*TASK DETAILS*: A single number is required: how many lines in the data below contain "Bore".

*RECORDS FOR THE EXERCISE*:
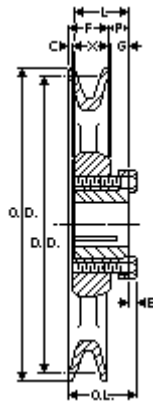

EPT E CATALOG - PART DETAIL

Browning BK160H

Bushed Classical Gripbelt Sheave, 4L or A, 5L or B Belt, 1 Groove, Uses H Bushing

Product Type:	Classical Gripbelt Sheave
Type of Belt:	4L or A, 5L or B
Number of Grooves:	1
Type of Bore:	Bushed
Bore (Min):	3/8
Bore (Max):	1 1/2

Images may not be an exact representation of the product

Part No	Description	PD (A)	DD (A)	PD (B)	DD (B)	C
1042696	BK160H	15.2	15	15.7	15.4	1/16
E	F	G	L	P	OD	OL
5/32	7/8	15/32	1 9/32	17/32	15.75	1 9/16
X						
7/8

*RESULT OF THIS EXERCISE*: 3